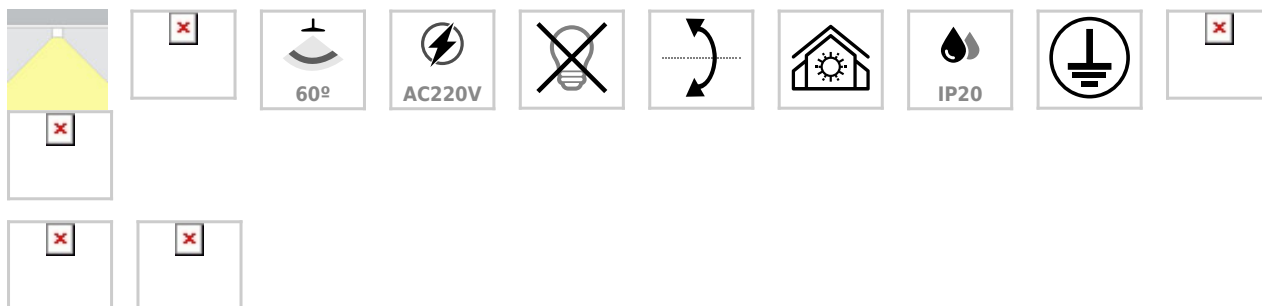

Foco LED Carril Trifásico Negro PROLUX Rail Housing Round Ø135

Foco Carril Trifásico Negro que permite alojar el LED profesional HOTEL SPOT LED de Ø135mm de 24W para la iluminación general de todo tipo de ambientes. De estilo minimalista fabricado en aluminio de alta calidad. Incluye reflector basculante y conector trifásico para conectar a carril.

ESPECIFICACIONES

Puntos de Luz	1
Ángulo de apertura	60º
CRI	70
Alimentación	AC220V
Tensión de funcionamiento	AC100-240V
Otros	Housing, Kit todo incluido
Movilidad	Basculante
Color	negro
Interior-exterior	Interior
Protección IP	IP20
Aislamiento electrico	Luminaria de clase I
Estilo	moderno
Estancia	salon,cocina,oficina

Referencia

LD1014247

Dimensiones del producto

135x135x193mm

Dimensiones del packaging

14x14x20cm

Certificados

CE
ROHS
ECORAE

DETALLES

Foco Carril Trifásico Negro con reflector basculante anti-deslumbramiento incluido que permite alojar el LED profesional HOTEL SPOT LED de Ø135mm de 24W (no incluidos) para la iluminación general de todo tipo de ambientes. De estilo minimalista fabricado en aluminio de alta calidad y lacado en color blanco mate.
==
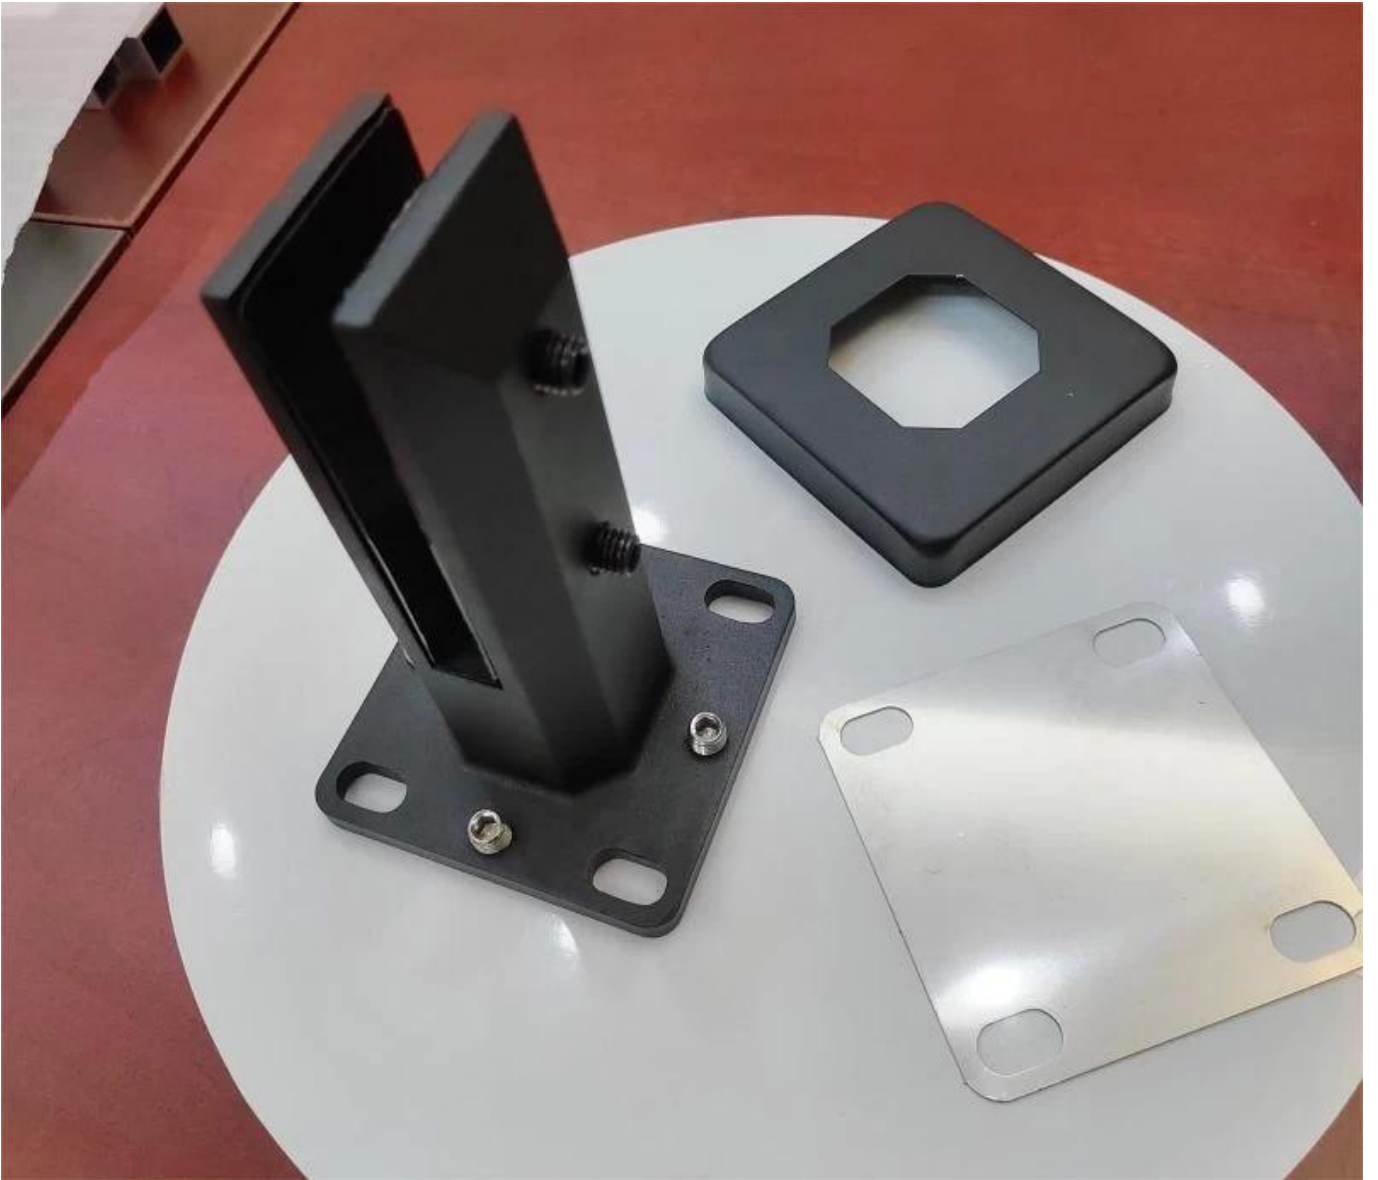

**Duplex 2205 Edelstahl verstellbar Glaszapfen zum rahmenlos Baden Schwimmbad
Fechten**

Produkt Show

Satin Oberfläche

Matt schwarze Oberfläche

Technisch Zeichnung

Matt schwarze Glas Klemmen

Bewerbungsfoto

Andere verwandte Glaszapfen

## WHAT YOU SHOULD DO
Filter the lines above, keeping and copying those that contain "schwarze".

## THE COMPLETED TASK
Matt schwarze Oberfläche
Matt schwarze Glas Klemmen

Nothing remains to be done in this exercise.